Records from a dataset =
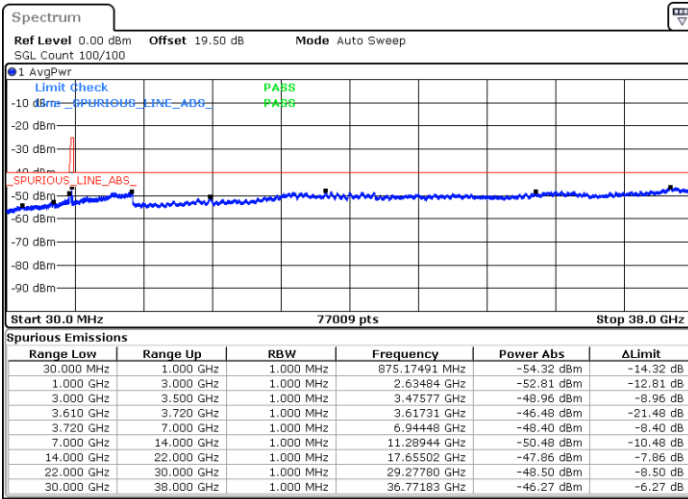

QPSK

Highest Channel / 1RB0

Highest Channel / 1RBmax

Date: 15. JUL. 2021 00:50:38

Date: 15. JUL. 2021 00:52:41

Highest Channel / FullIRB

N/A

Date: 14. JUL. 2021 16:59:13

LTE Band 48 / 15MHz

QPSK

Lowest Channel / 1RB0

Lowest Channel / 1RBmax

Date: 14.JUL.2021 17:13:25

Date: 14.JUL.2021 17:35:19

Lowest Channel / FullRB

N/A

Date: 14.JUL.2021 17:24:23

LTE Band 48 / 15MHz

QPSK

Middle Channel / 1RB0

Middle Channel / 1RBmax

Date: 14.JUL.2021 17:19:31

Date: 15.JUL.2021 00:58:26

Middle Channel / FullIRB

What to produce = Output the entries above verbatim, leaving out images.

Solved exercise =
QPSK

Highest Channel / 1RB0

Highest Channel / 1RBmax

Date: 15. JUL. 2021 00:50:38

Date: 15. JUL. 2021 00:52:41

Highest Channel / FullIRB

N/A

Date: 14. JUL. 2021 16:59:13

LTE Band 48 / 15MHz

QPSK

Lowest Channel / 1RB0

Lowest Channel / 1RBmax

Date: 14.JUL.2021 17:13:25

Date: 14.JUL.2021 17:35:19

Lowest Channel / FullRB

N/A

Date: 14.JUL.2021 17:24:23

LTE Band 48 / 15MHz

QPSK

Middle Channel / 1RB0

Middle Channel / 1RBmax

Date: 14.JUL.2021 17:19:31

Date: 15.JUL.2021 00:58:26

Middle Channel / FullIRB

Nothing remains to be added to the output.